Hey, Alexa, Are You a Golem?
On the eve of destruction & after the apocalypse: Lisa Clair's "Willa's Authentic Self" & ruth tang's "Work Hard Have Fun Make History"
“What is a Golem story?” I type into Google, in all my embarrassing Jewish ignorance.
I had just seen Willa’s Authentic Self at MITU580, a surreal new work by Lisa Clair billed as a “musical, monstrous and maximalist re-imagining of the ancient Jewish Golem myth.”
Google enlightens me. In Jewish folklore, a Golem is an anthropomorphic being grown out of clay and typically brought to life through magical incantation. In terms of its message, the Golem story is a highly mutable one. The creature could be a protector of the Jewish people, can represent the beauty of creation, or might — as in Willa — serve as a reminder that not all creations, however fantastic, are ultimately good.
In Clair’s madcap play, Willa (played by Clair) is fed up. Fed up with her dead-end civil service job, her useless lover Walter, and the hopeless state of the world. Then she receives a strange present: a lump of clay. Soon the lump grows into a full sized Golem (Juliana Francis Kelly, whose costume unfortunately gives Oompa Loompa vibes), who provides Willa with the gift of extraordinary power. Overnight, Willa becomes the Mayor and begins to remake New York City anew, sweeping away homelessness, inequality and intolerance. But soon the Golem turns on Willa and begins to wreak destruction.
Destruction — of the worldwide variety — is also a theme of Work Hard Have Fun Make History, a new work by ruth tang kicking off Clubbed Thumb’s invaluable Summerworks series. tang’s scattershot play follows an unspecified apocalyptic event, and jumps between a variety of scenes depicting work, play and human connection filtered almost entirely through AI interfaces.
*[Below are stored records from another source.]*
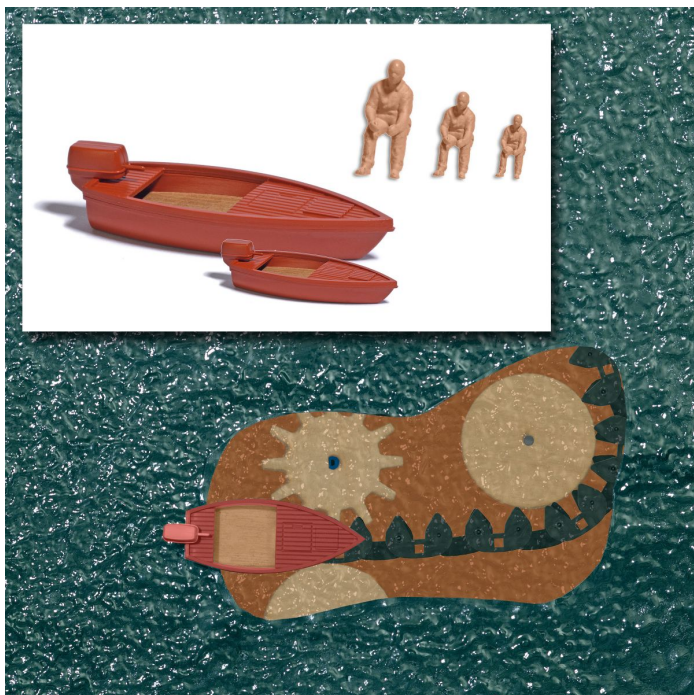

Übersicht

Busch 5480 - See mit fahrendem Boot

Busch

Produktnummer: A341300

Preis

UVP 69,99 € *** (5.72% gespart)
65,99 €*

Preise inkl. MwSt. zzgl. Versandkosten

Erstellt am 18.10.2024.

Wie von Geisterhand bewegt sich auf dem See ein kleines Boot. Das Geheimnis liegt in dem Antrieb, der durch ein ausgeklügeltes Transmissionssystem erfolgt. Bausatz mit Motor (zum Anschluss an 14 – 16 V Wechselspannung), Antriebskette, Antriebskasten, Seefolie, Seepapier und je ein Boot für H0 und N. Das N-Boot ist auch für TT geeignet. Mit jeweils einer Figur in H0, N und TT zum selbst Bemalen.

Grundfläche: 260 x 180 mm, Einbautiefe (inkl. Motor) 35 mm.

Produktinformationen

Größe:	H0-TT-N
--------	---------

Sex, grief, love — they’re all conducted solo, with just a disembodied voice as company. (A cast of three, b, Sagan Chen and Susannah Perkins, play multiple characters and devices.) Jeff Bezos and Elon Musk are the only named characters, and tang’s play is, at least as I took it, an imagining of the pair’s respective world visions taken to their most logical extremes: limitless automation, and not an ounce of humanity.
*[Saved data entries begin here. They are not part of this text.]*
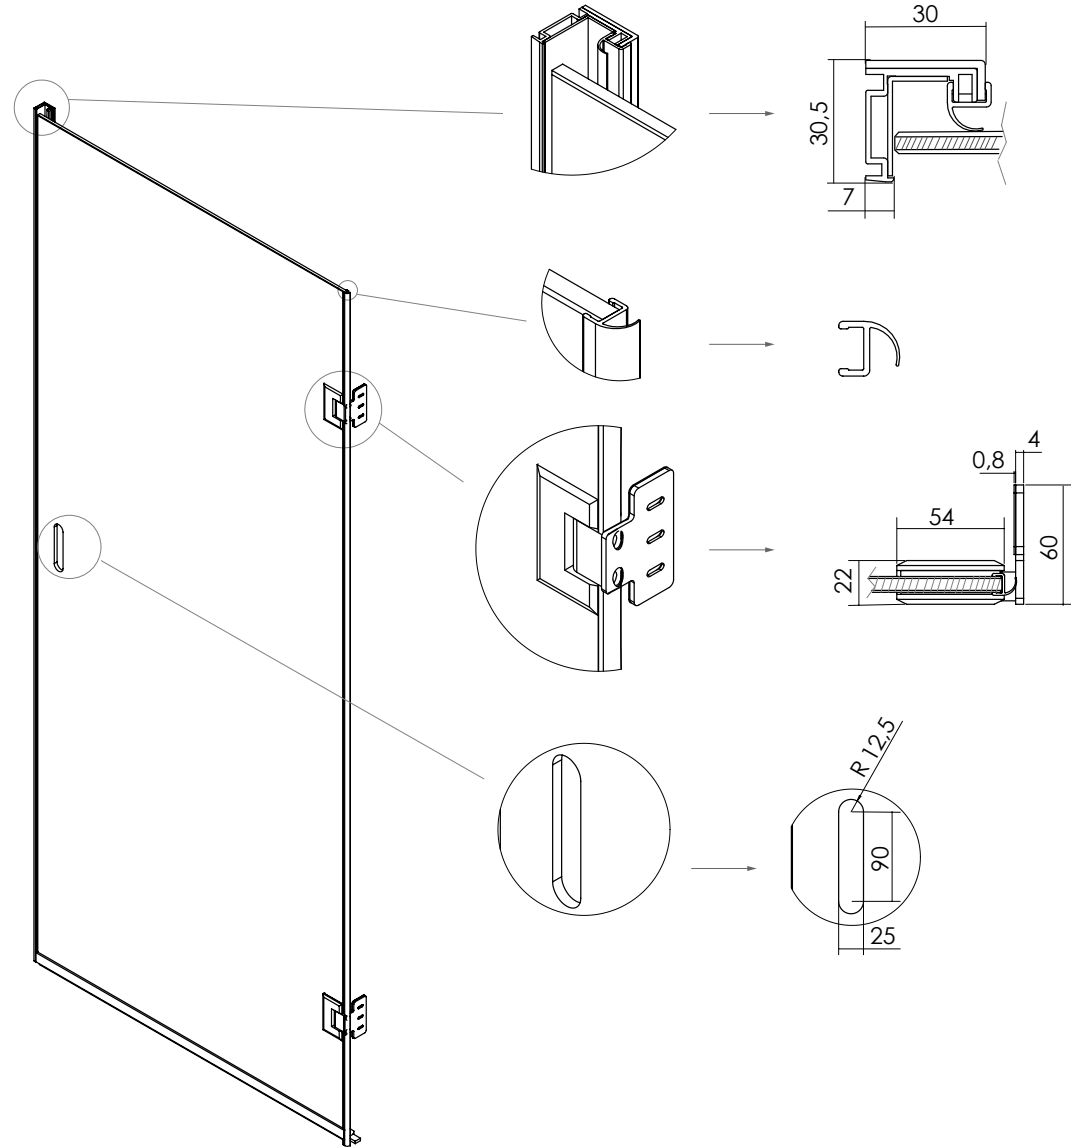

KUP1

ANTA BATTENTE ACCIAIO INOX

PORTA GESTITA SEMPRE COME ARTICOLO SU MISURA

VETRO TEMPRATO 8/10 MM
LARGHEZZA DI SERIE L 65<100 CM
ALTEZZA DI SERIE H 201 CM
L MIN 50 CM
L MAX 100 CM
H MIN 201 CM
H MAX 260 CM

MISURE IN CM DI SERIE	ENTRATA "E"	NUMERO COLLI
65-75	65	1
75-85	75	1
85-95	85	1
95-100	95	1

MISURE DISEGNO
TUTTE IN MM

Clair and tang excel in capturing how a world of ever-expanding possibilities can, despite these supposed advances, seem to narrow and flatten. Willa saves New York only to watch it collapse in on itself again and realizes that her magical answer — her Golem – had closed off all her connections to others. The denizens of tang’s play have technology that caters to every need but are each isolated and alone, stuck speaking to machines that will never quite learn to be human.
In both plays, connection is the key. Willa actually creates an idyllic New York City with the help of her Golem, a paradise not just for humans but all living beings. That Eden is movingly described by a Queen Ant, who visits Willa after the fall: “Healthy snacks were provided on the now gleaming subways painted in houndstooth, leopard print and sparkling hues of pink; its buskers were held in the same regard as Carnegie Hall alumni.”
But Willa never connected with her people, nor with the ants, many of whom she murdered. (The notion of humans and animals living in harmony is a late and awkward insertion in Clair’s script, but Caitlin Ayer’s ant costumes are incredible.) Jeff and Elon exist at a similar disconnect from the world, hoping as they keep on devising business plans that, “an eleventh-hour thing will show up and stop the screaming.”
Both plays could benefit from a clearer focus on this theme of connection. The Golem narrative of Willa is engaging, but Clair’s text meanders in a few too many other directions, including several dream sequences involving James Dean. The intent of these dreams is, I think, to highlight Willa’s detachment from her own world even as she attempts to save it, but the end result feels unfocused.
Meanwhile, tang staunchly refuses to weave together Work Hard’s disparate story threads. They seem to be connected, with certain characters unknowingly intersecting with others over the vast divides of technology. But I would have to sit down and draw out some maps to clarify their links. The play’s refusal to provide any sort of relief from disconnection is impressive, but just a little catharsis might be nice.
All the same, the audience does connect with these two insistently oddball works thanks to the performers lending them humanity. Clair is wonderfully harried and then painfully tragic as Willa, bringing unexpected pathos to a heartfelt final monologue. And the company of Work Hard breaks our hearts most of all in its precise depictions of blank, inhuman machines feigning the qualities of genuine life. A world of fantastic, terrible creations.